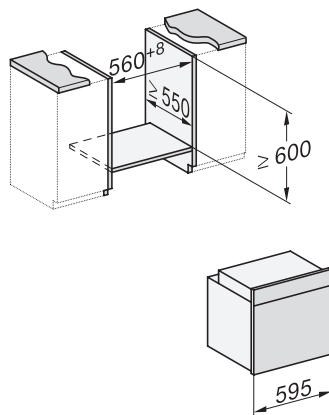

H 7365 B

Pečící trouba

v elegantním černém designu s pokrmovým teploměrem a úpravou PerfectClean.

installation H7000 XL, installation drawing

installation H7000 XL, installation drawing, GB, AU

side view H7000 XL, installation drawings

built-in H7000 XL, installation drawing

H226x-1B/BP/E/EP/I/IP, H2x6xB/BP, H7x6xB/BP/BPX, installation drawings

side view H7000 XL build-under, installation drawing

H7x65BP, H7145BM, H7165B, H7365B, H2756B, H2765B/BP, DGC7151, DGC7351 installation drawings
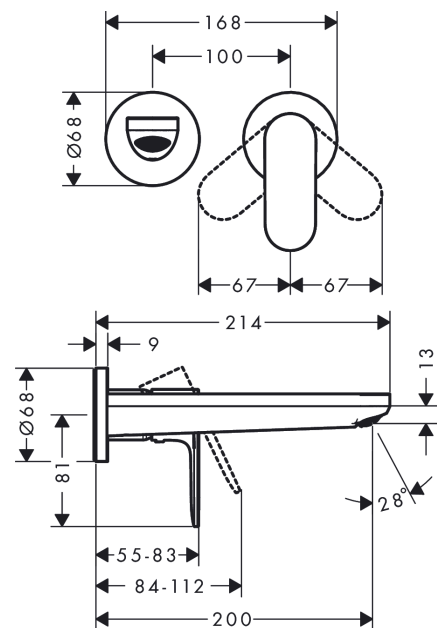

Rebris S

Single lever basin mixer for concealed installation wall-mounted with spout 20 cm

Finish: **Chrome** Article Number: **72528000**

Description

product features

- consists of: single lever basin mixer for concealed installation wall-mounted, waste set
- projection: 200 mm
- spray type: normal spray
- maximum flow rate at 3 bar: 5 l/min
- ceramic cartridge
- temperature limitation adjustable
- suitable for continuous flow water heaters
- non-closing waste set
- material waste set: metal
- connection type: basic set
- connection dimension: DN15
- handle can be positioned on the right or left, depending on the basic set installation

Technology

Product image

Scale drawing

Rebris S

Single lever basin mixer for concealed installation wall-mounted with spout 20 cm

Finish: **Chrome** Article Number: **72528000**

Flowchart

Rebris S

Finish: **Chrome** Article Number: **72528000**

Spare part list

Year of production: >06/22

| Pos. | Description | Article Number | PC | PU |
|------|----------------------------------|----------------|----|----|
| 1 | handle | 94648000 | 10 | 1 |
| 2 | screw cover | 96338000 | 1 | 1 |
| 3 | sleeve | 93053000 | 9 | 1 |
| 4 | escutcheon Ø 68 mm | 93052000 | 8 | 1 |
| 5 | washer | 97600000 | 4 | 1 |
| 6 | nut | 93141000 | 9 | 1 |
| 7 | O-ring 26x2 | 98147000 | 1 | 1 |
| 8 | cartridge, assy | 95973001 | 12 | 1 |
| 9 | locking screw for handle | 95140000 | 2 | 1 |
| 10 | seal | 98865000 | 8 | 1 |
| 11 | adapter for cartridge | 95634000 | 4 | 1 |
| 12 | fixing set | 97971000 | 9 | 1 |
| 13 | spout 220 mm | 94649000 | 14 | 1 |
| 14 | aerator M24x1 (5 l/min) | 94364000 | 3 | 1 |
| 15 | O-ring 18x1,5 | 98231000 | 1 | 1 |
| 16 | escutcheon for spout | 93987000 | 12 | 1 |
| 17 | connecting thread G½ | 95626000 | 10 | 1 |
| 18 | O-ring 13x2 | 98128000 | 1 | 1 |
| 19 | extension set 25 mm for 13622180 | 31971000 | 99 | 1 |
| a | waste | 50001000 | 99 | 1 |

★ ★ ★ ★ ★

#### [PROBLEM STATEMENT]
Please write out, exactly as they appear above, only the lines in the stretch from the line with "- material waste set: metal" through the line with "Number | PC | PU |".

#### [WRITTEN ANSWER]
- material waste set: metal
- connection type: basic set
- connection dimension: DN15
- handle can be positioned on the right or left, depending on the basic set installation

Technology

Product image

Scale drawing

Rebris S

Single lever basin mixer for concealed installation wall-mounted with spout 20 cm

Finish: **Chrome** Article Number: **72528000**

Flowchart

Rebris S

Finish: **Chrome** Article Number: **72528000**

Spare part list

Year of production: >06/22

| Pos. | Description | Article Number | PC | PU |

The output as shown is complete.